Otto Kohlhofer: Diskurs über Politik und Handlungsspielräume

distel_ref

Otto Kohlhofer (1915-1988), maßgeblich an der Gründung der Gedenkstätte Dachau beteiligt, ist allen, die ihn gekannt haben, in lebhafter Erinnerung. Eines der ersten Gedächtnisblätter ist ihm gewidmet. Am 18. November 2015 referierte Barbara Distel, bis 2008 Leiterin der Gedenkstätte Dachau, auf einer Veranstaltung der Gedenkstätte über Kohlhofers Leben und Wirken.

Deutlich wurde: Otto Kohlhofers Lebensthema war die Aufklärung über den Nationalsozialismus. Als junger Kommunist verteilte er im Münchner Stadtteil Neuhausen Flugblätter, die auf das Konzentrationslager Dachau aufmerksam machten. Dies brachte ihn ins Gefängnis und schließlich ins KZ. Nach dem Krieg und nach dem KPD-Verbot 1956 resignierten viele seiner Genossen, nicht so Kohlhofer.

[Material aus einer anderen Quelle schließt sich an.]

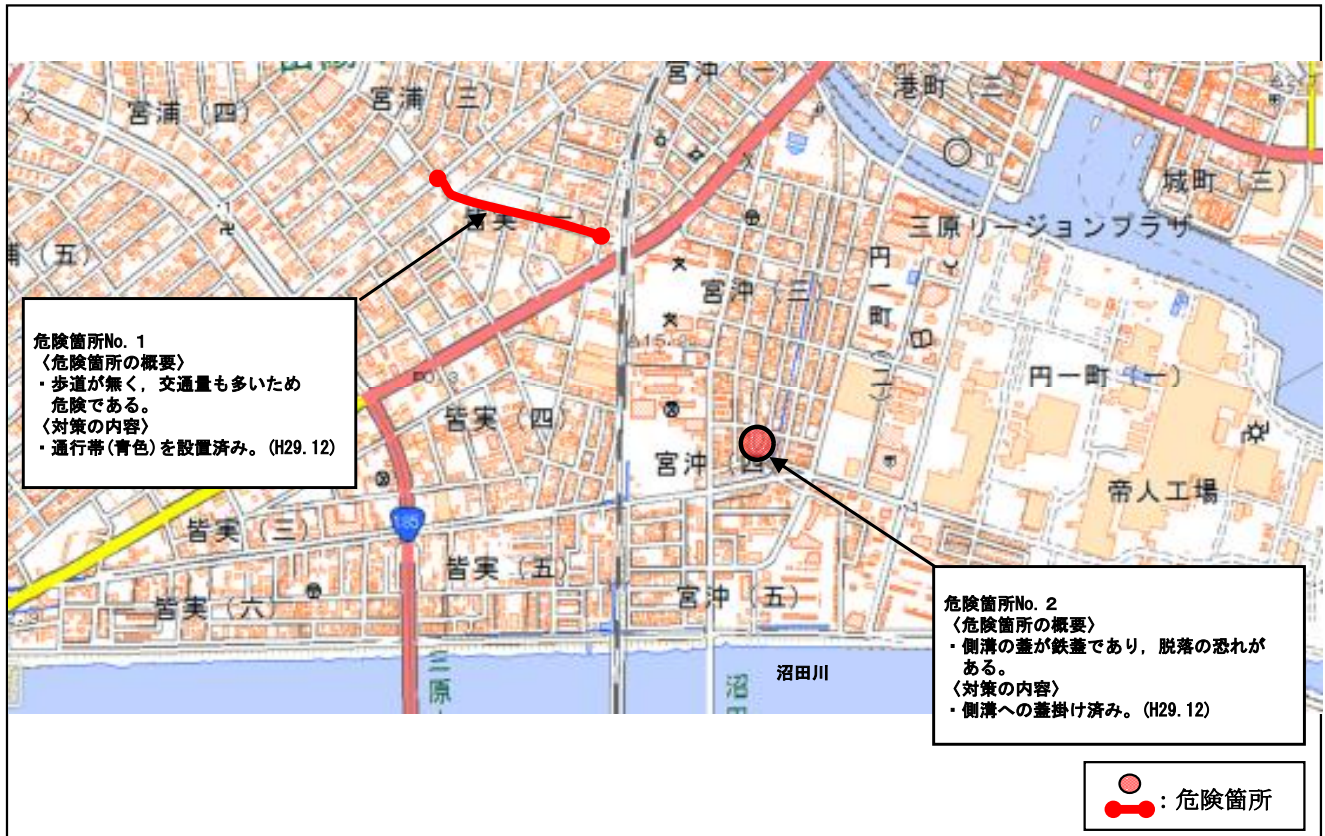

広島県 三原市 ^{みなみ}南小学校校区（通学路対策箇所図）

【対策検討メンバー】 広島県東部建設事務所・教育委員会・総務広報課・土木管理課・生活環境課
三原警察署・南小学校・町内会・PTA

Sein beruflicher Werdegang ist einzigartig und seinen guten Kontakten zu Alois Hundhammer (CSU) zu verdanken: Ab 1946 arbeitete Kohlhofer im Bayerischen Landwirtschaftsministerium und blieb dort bis zu seiner Pensionierung, obwohl er sich in den 50er Jahren weigerte, einen Verzicht auf „radikale Bestrebungen“ zu unterzeichnen.

Eine wesentliche Rolle spielte Otto Kohlhofer bei der Gründung der KZ-Gedenkstätte Dachau: Er handelte den Staatsvertrag für die Gedenkstätte Dachau aus, der dem Comité International de Dachau (CID) bis heute ein Mitspracherecht in allen wichtigen Belangen sichert. Nach Meinungsverschiedenheiten über das angemessene Gedenken schied Kohlhofer aus dem CID aus, der konkrete Anlass wirkt im Nachhinein eher belanglos: Er empfand einen Sektempfang des CID auf dem Gelände des Lagers als unangemessen.

Der Erinnerungspolitik blieb Kohlhofer auch später verpflichtet. Sein Engagement für eine Internationale Jugendbegegnungsstätte in Dachau ist vielen im Gedächtnis, nicht zuletzt war er häufig Gesprächspartner für die Besucherinnen und Besucher der alljährlichen Jugendbegegnungs-Zeltlager. In diesem Rahmen fanden, so Barbara Distel, die „wohl fruchtbarsten und bewegendsten Begegnungen“ zwischen Dachau-Überlebenden und jungen Leuten statt. Das Jugendgästehaus schließlich wurde erst zehn Jahre nach Kohlhofers Tod Realität.

Otto Kohlhofer wünschte sich den Diskurs über Politik und über Handlungsspielräume. Über erlittene Verletzungen wollte er  nicht sprechen, damit wollte er „selber fertig werden“, so seine Aussage in einem von der Referentin zitierten lebensgeschichtlichen Interview.